Nina Paw Hee-ching (鮑起靜; born 20 July 1949) is a Hong Kong actress. Paw got her start in film but came into prominence portraying mothers on ATV television dramas, such as Fatherland (1980). Having portrayed many mother and elder sister roles throughout her career, she is often referred to as "Sister Paw". Her portrayal of a working mother in The Way We Are (2008) won her four best actress awards, including Best Actress at the 28th Hong Kong Film Awards.

== Early life ==
Paw grew up in a Kowloon City apartment with her parents, grandparents, and two siblings. She graduated from Heung To Middle School in 1968.

== Career ==
Paw joined Great Wall Film Production in 1968 for ten years. She was known for starring in the lead role of White Hair Devil Lady (1980) opposite Henry Fong Ping.

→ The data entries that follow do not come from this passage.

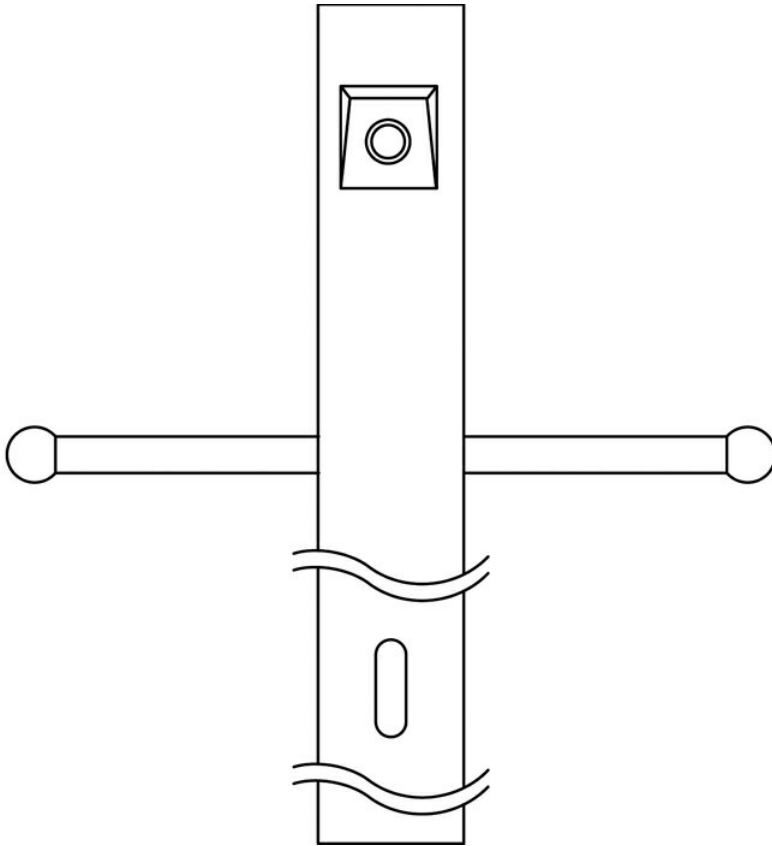

Post w/External Photoeye and ladder rest AZ

49904AZ (Architectural Bronze)

Project Name: _____
Location: _____
Type: _____
Qty: _____
Comments: _____

Ordering Information

Product ID	49904AZ
Finish	Architectural Bronze
Available Finishes	BK, WH, AZ

Dimensions

Weight	3.85 LBS
--------	----------

Specifications

Material	Aluminum
----------	----------

Electrical

Voltage	120V
---------	------

Qualifications

Safety Rated	Not Required
Warranty	www.kichler.com/warranty

Primary Lamping

Lamp Included	Not Included
---------------	--------------

Dimensions

Height	84.00"
Width	3.00"

Notes:

- 1) Information provided is subject to change without notice. All values are design or typical values when measured under laboratory conditions.
- 2) Incandescent Equivalent: The incandescent equivalent as presented is an approximate number and is for reference only.
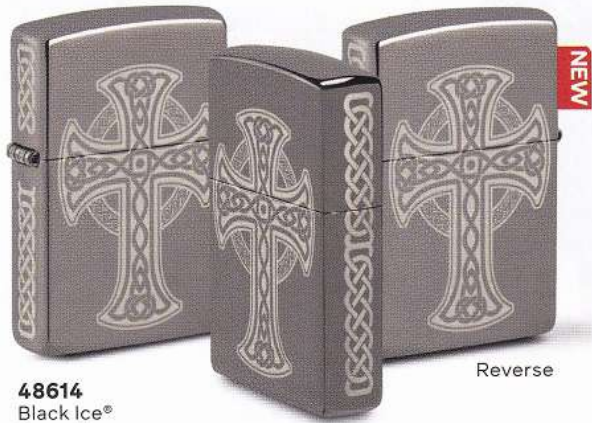

29412
Satin Chrome
Auto Two-Tone
\$25.95

BL **49698**
Black Matte
Black Light
\$33.95

Gaming

49114
Navy Matte
Color Image
\$29.95

Spiritual

48614
Black Ice®
Laser Engrave
\$46.95

Reverse

49160
Armor®
Antique Silver
MultiCut
\$130.00
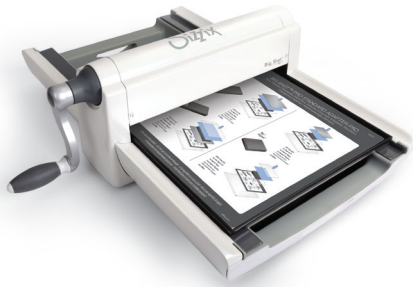

- 1 Big Shot® Plus Machine
- 1 Big Shot® Plus Platform
- 1 Adapter A
- 1 Adapter B
- 1 Pair of Big Shot® Plus Cutting Pads
- 1 Instruction Booklet

Machine Size:

15¾" x 11¾" x 7½"
40.01cm x 27.94cm x 19.05cm

1 Year Warranty, 2 years extended warranty upon registration*

661546

Big Shot® Plus

STARTER KIT

Contains:

- 1 Big Shot® Plus Machine
- 1 Pair of A4 Cutting Pads
- 1 Big Shot® Plus Platform
- 1 Adapter A
- 1 Adapter B
- 1 Bigz™ L Die
- 1 Framelits® Die
- 12 Thinlits® Dies
- 4 Double-sided A4 Cardstock Sheets
- 10 Double-sided 5.5" x 6" (13.97cm x 15.24cm) Cardstock Sheets
- 1 Fabric Piece 100% Cotton 17.72" x 21.65" (45cm x 55cm) by My Life Handmade
- 1 Instruction Booklet

Machine Size:

15¾" x 11¾" x 7½"
40cm x 29.85cm x 19.05cm

1 Year Warranty, 2 years extended warranty upon registration*

660550

Big Shot® Pro

Contains:

- 1 Big Shot® Pro Machine
- 1 Standard Sliding Tray
- 1 Standard Adapter Pad
- 1 Standard Cutting Pad
- 1 Premium Crease Pad
- 2 Mylar Shims
- 1 Die Pick
- 1 Instruction Booklet

Paw joined Asia Television in the 1980s, playing mostly motherly roles. When offered a job at competing TVB, she declined as her infotainment hosting schedule at ATV allowed her to spend more time raising her daughter. She worked at ATV for 33 years before moving to Hong Kong Television Network in 2012.

In September 2016, she acted in the first TV drama "Allied" for TVB, and was selected as one of the final five finalists for "Best Actress" in the "Million Stars Awards 2017".

In 2019, New World Development, which is responsible for the Hong Kong Avenue of Stars project, said that nine new movie queens, including Pao Kee-ching, had been added to the Avenue of Stars after its reopening on 31 January.

In 2020, it participated in the joint sign-up to support the Hong Kong version of the National Security Law.

== Personal life ==
Her parents are actors Bao Fong and Liu Su. She has an older sister, Her younger brother is cinematographer Peter Pau.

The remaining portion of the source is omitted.